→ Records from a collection

_ _ _ _

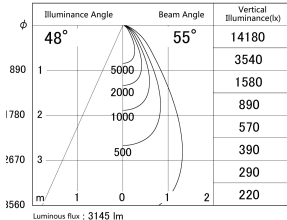

Item no. SD379-3055B9027

Series Name: AMMA Lens type Cylinder Tracklight (SD379)

■ Lighting Distribution Curve (cd/1000 lm)

■ Direct Horizontal Illuminance SD379-3055B9027

Installation	Track mount
Type	Lens type tracklight : Cylinder type
Fixture wattage	28W
Beam angle	55deg
Color Temp.	2700K
CRI	Ra>90
Luminous	3143 lm
Body	Die-castaluminumalloy
Body finish	Black
Trim finish	Black
Reflector finish	N/A
IP Rate	IP20
Light source	COB module
Input Voltage	AC220~240V
Dimming Type	Non-Dimmable
Certificate	CE,CCC
Cut Hole	N/A
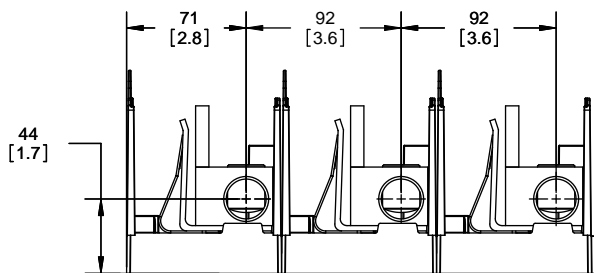

DESIGN UNITS: METRIC (mm)
UNLESS OTHERWISE SPECIFIED
[INCHES]

THIRD ANGLE PROJECTION

RM25400-3CR

RM25400-3CR
WITH CVR-RH-25400 INSTALLED

RM25400-3CR
WITH CVRI-RH-25400 INSTALLED

COOPER Bussmann
St. Louis MO 63178
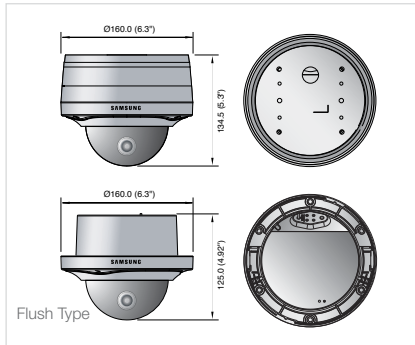

Dimensions

Unit : mm (inch)

The Eco mark represents Samsung Techwin's will to create environment-friendly products, and indicates that the product satisfies the EU RoHS Directive.

Design and specifications are subject to change without notice.

SAMSUNG TECHWIN CO., LTD.

701, Sampyeong-dong, Bundang-gu, Seongnam-si, Gyeonggi-do Korea 463-400
Tel : +82-70-7147-8741~8749, 8752~8760 Fax : +82-31-8018-3745
www.samsungsecurity.com www.samsungcctv.com

■ DISTRIBUTED BY

_ _ _ _

State the number of lines above that include the word "Black", and write nothing besides that number.

2